Content starts

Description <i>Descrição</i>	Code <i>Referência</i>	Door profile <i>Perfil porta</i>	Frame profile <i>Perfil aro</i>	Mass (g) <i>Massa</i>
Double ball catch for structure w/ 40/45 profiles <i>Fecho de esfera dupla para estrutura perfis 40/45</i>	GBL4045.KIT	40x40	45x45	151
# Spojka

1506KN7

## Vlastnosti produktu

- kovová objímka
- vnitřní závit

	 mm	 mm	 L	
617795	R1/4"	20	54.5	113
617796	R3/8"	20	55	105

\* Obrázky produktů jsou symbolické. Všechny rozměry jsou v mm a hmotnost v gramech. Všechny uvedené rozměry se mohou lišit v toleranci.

Content ends
Content starts

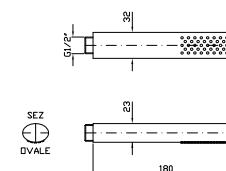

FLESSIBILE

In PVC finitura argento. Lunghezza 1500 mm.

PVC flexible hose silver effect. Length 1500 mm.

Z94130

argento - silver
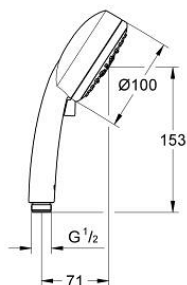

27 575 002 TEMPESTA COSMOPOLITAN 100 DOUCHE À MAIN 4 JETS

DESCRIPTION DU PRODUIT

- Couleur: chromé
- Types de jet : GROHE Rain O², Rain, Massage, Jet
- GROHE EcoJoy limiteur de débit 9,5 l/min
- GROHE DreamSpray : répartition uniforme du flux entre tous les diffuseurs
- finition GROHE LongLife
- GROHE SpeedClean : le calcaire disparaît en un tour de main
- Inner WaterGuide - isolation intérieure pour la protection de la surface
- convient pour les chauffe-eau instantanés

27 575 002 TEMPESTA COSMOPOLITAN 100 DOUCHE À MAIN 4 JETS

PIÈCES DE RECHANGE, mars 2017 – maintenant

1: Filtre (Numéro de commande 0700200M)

Content ends
Content starts

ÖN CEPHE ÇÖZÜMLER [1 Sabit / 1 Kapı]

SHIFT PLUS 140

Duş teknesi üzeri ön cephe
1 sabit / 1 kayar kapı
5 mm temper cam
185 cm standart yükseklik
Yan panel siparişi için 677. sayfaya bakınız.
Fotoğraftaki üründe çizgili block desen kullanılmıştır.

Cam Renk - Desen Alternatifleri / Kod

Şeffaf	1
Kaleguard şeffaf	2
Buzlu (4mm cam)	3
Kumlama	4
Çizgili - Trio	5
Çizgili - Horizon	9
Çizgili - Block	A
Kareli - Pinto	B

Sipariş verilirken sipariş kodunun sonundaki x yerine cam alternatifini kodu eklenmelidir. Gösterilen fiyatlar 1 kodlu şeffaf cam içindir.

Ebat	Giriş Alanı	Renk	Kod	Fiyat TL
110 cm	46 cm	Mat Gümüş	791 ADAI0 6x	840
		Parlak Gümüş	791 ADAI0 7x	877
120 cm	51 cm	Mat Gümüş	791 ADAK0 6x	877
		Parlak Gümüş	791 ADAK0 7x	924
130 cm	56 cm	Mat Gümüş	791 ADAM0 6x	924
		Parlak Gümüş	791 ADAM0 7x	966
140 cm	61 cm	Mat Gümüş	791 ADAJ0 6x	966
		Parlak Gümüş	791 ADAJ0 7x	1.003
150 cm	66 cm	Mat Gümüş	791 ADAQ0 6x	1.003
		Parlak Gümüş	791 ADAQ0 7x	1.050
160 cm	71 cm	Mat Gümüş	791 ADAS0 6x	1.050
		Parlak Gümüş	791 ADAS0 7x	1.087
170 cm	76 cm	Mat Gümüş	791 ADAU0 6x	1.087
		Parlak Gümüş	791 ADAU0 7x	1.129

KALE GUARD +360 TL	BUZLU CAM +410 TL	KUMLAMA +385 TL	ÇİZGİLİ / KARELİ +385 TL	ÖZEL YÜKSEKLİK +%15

Content ends

### [WHAT THE TASK ASKS]
Going through the listing above, tally the lines that contain the word "pour" and report the total alone.

### [ANSWER FOR THE TASK]
2